To demonstrate the effectiveness and capability of the numerical solution algorithm, several examples of aerodynamic applications have been presented. Both 2-D and 3-D flows have been considered with varying degrees of difficulties due to the complexity of the turbulent flows being considered. In all cases, the convergence histories have been shown. The computed lift and drag coefficients have also been given.

An analysis of the numerical algorithm is addressed, which reflects some of the properties and stability of the solution algorithm. An approximate eigenspectrum of the preconditioner for the inner part of the GMRES method has been determined using Arnoldi’s method. The impact of the destruction terms, which are part of the source terms of a two-equation turbulence model, using Jacobi and Gauss–Seidel methods has been presented. Neglecting these terms in the Jacobian of the implicit preconditioner is necessary, in general, and highly beneficial. The distribution of the eigenvalues of the amplification matrix has been obtained for two-stage, three-stage and five-stage Runge–Kutta schemes with the implicit preconditioner.
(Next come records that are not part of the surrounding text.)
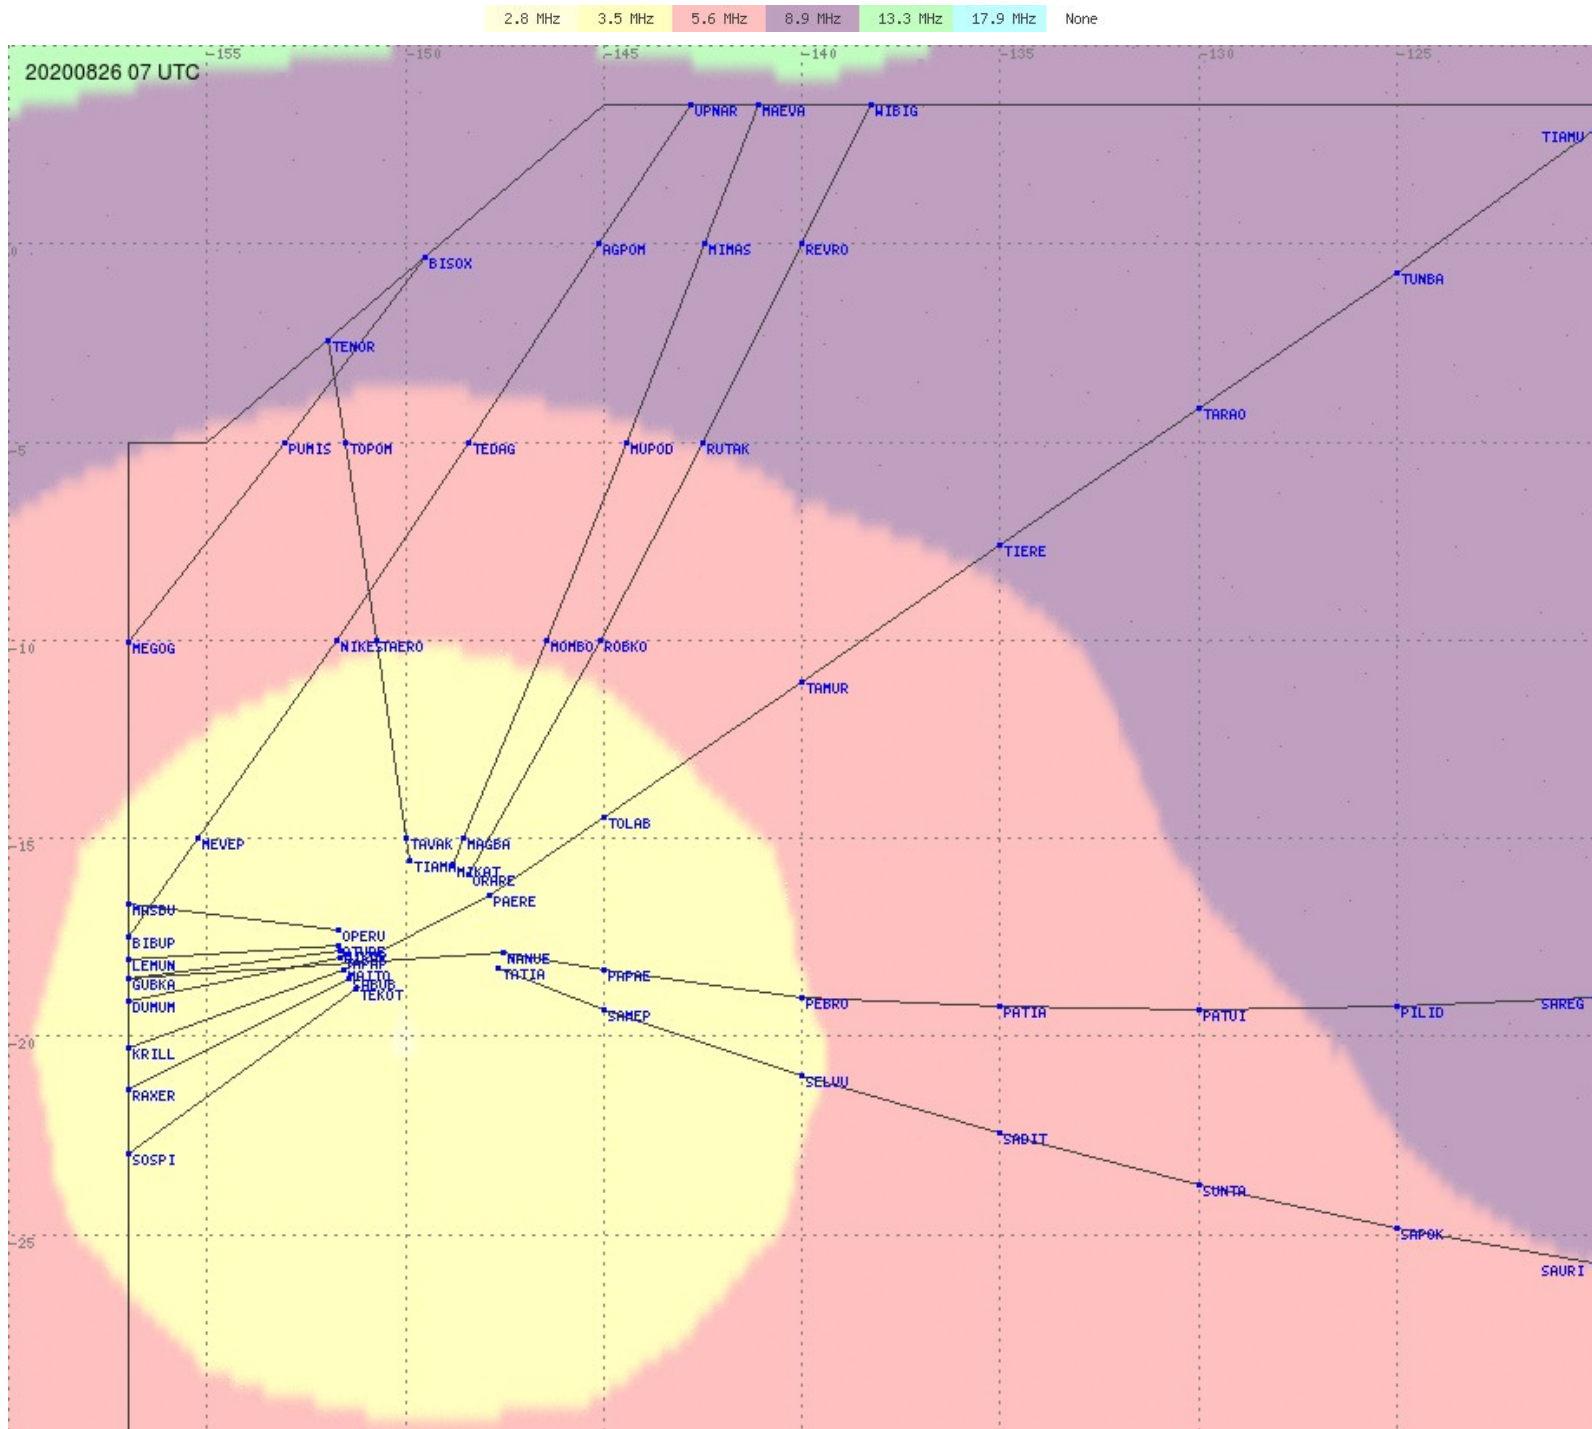

Tahiti FIR - HF Propag - 20200826

2.8 MHz
3.5 MHz
5.6 MHz
8.9 MHz
13.3 MHz
17.9 MHz
None

Tahiti FIR - HF Propag - 20200826

2.8 MHz 3.5 MHz 5.6 MHz 8.9 MHz 13.3 MHz 17.9 MHz None

Tahiti FIR - HF Propag - 20200826

Tahiti FIR - HF Propag - 20200826

Tahiti FIR - HF Propag - 20200826

2.8 MHz 3.5 MHz 5.6 MHz 8.9 MHz 13.3 MHz 17.9 MHz None

Tahiti FIR - HF Propag - 20200826

Tahiti FIR - HF Propag - 20200826

Tahiti FIR - HF Propag - 20200826

Tahiti FIR - HF Propag - 20200826

2.8 MHz
3.5 MHz
5.6 MHz
8.9 MHz
13.3 MHz
17.9 MHz
None

Tahiti FIR - HF Propag - 20200826

Tahiti FIR - HF Propag - 20200826

Tahiti FIR - HF Propag - 20200826

Tahiti FIR - HF Propag - 20200826

The advantage of the present technique with respect to local mode analysis [51] is that the stability is determined for a specific problem being solved.

As a final remark, in Sects. 3.3 and 3.4 the incompressible version of the considered models was introduced and finally implemeneted. When comparing with results from other codes using the original compressible version of the models for subsonic and transonic flow cases, no major differences between the results were observed. However, at the outset there seem to be no obvious obstacles to apply the methods proposed in this article also directly to the compressible version of the models. Future work will address how the methods proposed here can be directly applied to these compressible versions.